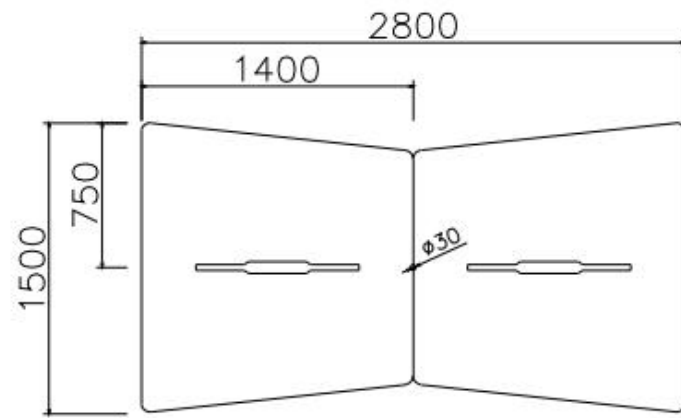

TOP VIEW
(CLUSTER OF 2)

FRONT VIEW

SIDE VIEW

HABITUE COVE

HABITUE PINE MEETING

TOP VIEW

SIDE VIEW

HABITUE HUT WORKSTATION

TOP VIEW

FRONT VIEW

SIDE VIEW

HABITUE FULL FABRIC SCREEN

HABITUE WHITE BOARD & FABRIC SCREEN

-------------------------

• [What is required]
What is needed is an exact retyping of every line from the one containing "HABITUE FULL FABRIC SCREEN" through the final line of the entries, and only those lines.

• [Written solution]
HABITUE FULL FABRIC SCREEN

HABITUE WHITE BOARD & FABRIC SCREEN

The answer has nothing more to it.